Delisting (penghapusan pencatatan) : Penghapusan efek dari daftar efek yang tercatat di Bursa sehingga Efek tersebut tidak dapat diperdagangankan di Bursa. Saham-saham yang telah di-delist tetap dapat diperdagangkan di luar bursa, dan status emiten tersebut tetap sebagai perusahaan publik.
Dilusi : Penurunan persentase pemilikan dari pemegang saham suatu perusahaan sebagai akibat dari bertambahnya jumlah saham yang beredar.
Deviden : Bagian laba yang dibagikan kepada pemegang saham dalam bentuk uang.
Deviden Saham : Bagian laba yang dibagikan kepada pemegang saham dalam bentuk saham.
Penasehat Investasi: Seseorang atau perusahaan yang mendapat izin resmi dari Bapepam untuk bertingdak sebagai pemberi nasehat kepada pemodal awam yang ingin menanamkan modalnya dengan harapan memperoleh penghasilan yang memadai.
Perusahaan Publik : Perseroaan yang sahamnya telah dimiliki sekurang-kurangnya oleh 300 ( tiga ratus ) pemegang saham dan memiliki modal disetor sekurang-kurangnya Rp.3.000.000.000 ( tiga milyar rupiah ) atau suatu jumlah pemegang saham dan modal disetor yang ditetapkan dengan peraturan pemerintah.
Perusahaan Tercatat : Perusahaan yang saham-sahamnya tercatat atau terdaftar dan dapat diperdagangkan pada suatu bursa efek. Masing-masing bursa efek mempunyai persyaratan tersendiri bagi suatu perusahaan yang akan tercatat di bursa tersebut.
Right Issue ( Penawaran Umum Terbatas ) : salah satu bentuk peningkatan modal disetor suatu perseroan. Dalam right issue, perseoraan menawarkan hal ( right ) kepada pemegang saham yang ada untuk mendapatkan saham baru yang tentu saja berarti menyetor modal dengan rasio tertentu. Jika pemegang saham tersebut tidak mengambil haknya, maka ia dapat menjual haknya tersebut kepada investor lain. Dengan demikian di pasar modal juga dikenal perdagangan right. Jadi right adalah hak yang diberikan kepada pemegang saham lama untuk terlebih dahulu membeli saham yang baru dikeluarkan dengan tujuan agar para pemegang saham lama diberi kesempatan untuk mempertahankan persentase kepemilikannya dalam suatu perusahaan.

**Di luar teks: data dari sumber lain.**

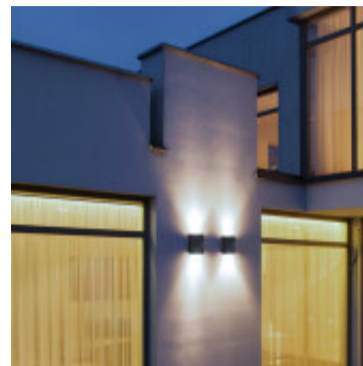

## Aplique LED bidireccional exterior negro 3W calida - IX1722

CÓDIGO: IX1722

MARCA: Ixec

**DESCRIPCIÓN:** Aplique LED de pared, bidireccional, uso exterior, IP65. Cuerpo estanco en ABS color negro. Conexionado con sistema LED integrado de 3W de consumo, alimentación 100-240V, rendimiento 180Lm. Emisión de luz en tonalidad cálida (3000K). Vida útil: 25.000 horas. Medidas: 120x120mm.
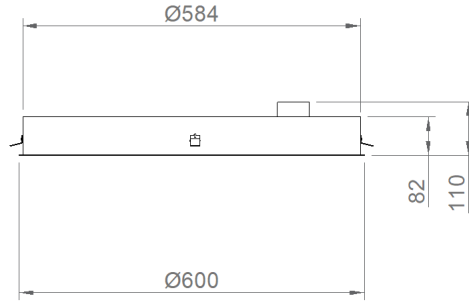

OPTİK ÖZELLİKLER

Optik Simetrik
Işık Çıkış Açısı 120°
UGR Derecesi UGR ≤ 22
CRI CRI ≥ 80
Renk Bin Değeri Mc Adams ≤ 3

ELEKTRİKSEL

Güç (W) 47W
Güç Faktörü >0.95
Işık Kaynağı SMD Mid Power LED
Kablo Halojen-Free
Giriş Voltajı 220-240V AC / 50-60 Hz
LED Sürücü Yüksek Verimli Sabit Akım Çıkışlı
Ortam Sıcaklığı -20°C / +50°C
LED Ömür L80B50 >50.000 Saat

MONTAJ

Montaj Tipi Sıva Altı
Montaj Aparatı Metal Montaj Braketi

Sipariş Kodu	W	Lm	CCT	CRI	ØxH (mm)	Kesim Ölç. (mm)	Kg
02130.60.30.045	47	4460	3000	Ra>80	600x82	590	3,4
02130.60.40.047	47	4700	4000	Ra>80	600x82	590	3,4

Saham Bonus : Saham yang dibagikan secara cuma-cuma kepada pemegang saham berdasarkan jumlah saham yang dimiliki.
Saldo laba : akumulasi hasil usaha periodik setelah memperhitungkan permbagian deviden dan koreksi laba rugi diperiode lalu.
Suspensi : Penghentian sementara perdagangan suatu saham di Bursa Efek. Penghentian ini dapat disebabkan karena permintaan Emiten sendiri atau merupakan keputusan bursa dalam rangka memberikan perlindungan kepada investor atau dapat pula karena pengenaan sanksi oleh Bursa Efek kepada suatu emiten.
Transaksi Bursa : Transaksi yang dilakukan oleh Anggota Bursa Efek yang tertuang dalam bentuk kontrak kesepakatan dengan Bursa Efek. Kontrak tersebut mencakup: a. Jual Beli Efek ( Saham atau instrumen lainnya ), b.Pinjam meminjam efek, c.Kesepakatan lain mengenai efek / harga efek.
Transaksi di Luar Bursa : Transaksi Efek yang dilakukan di luar bursa dan tidak diatur oleh bursa. Transaksi ini antara lain dilakukan: a. Antara Perusahaan Efek, b.Perusahaan Efek dengan pihak lainnya yang tidak diatur oleh bursa efek. c.Antara pihak yang buakn perusahaan efek ( individu / lembaga pemegang saham tersendiri ).
Waran : Efek yang diterbitkan oleh suatu perusahaan yang memberi hak kepada pemegang efek untuk memesan / membeli saham perusahaan tersebut pada harga tertentu setelah 6 bulan atau lebih. Dalam praktek, terkadang penerbitan waran dilakukan bersamaan dengan penerbitan saham dimana waran tersebut sebagai insentif atau pemanis. Selain diterbitkan bersama waran, waran juga bisa diterbitkan bersama obligasi.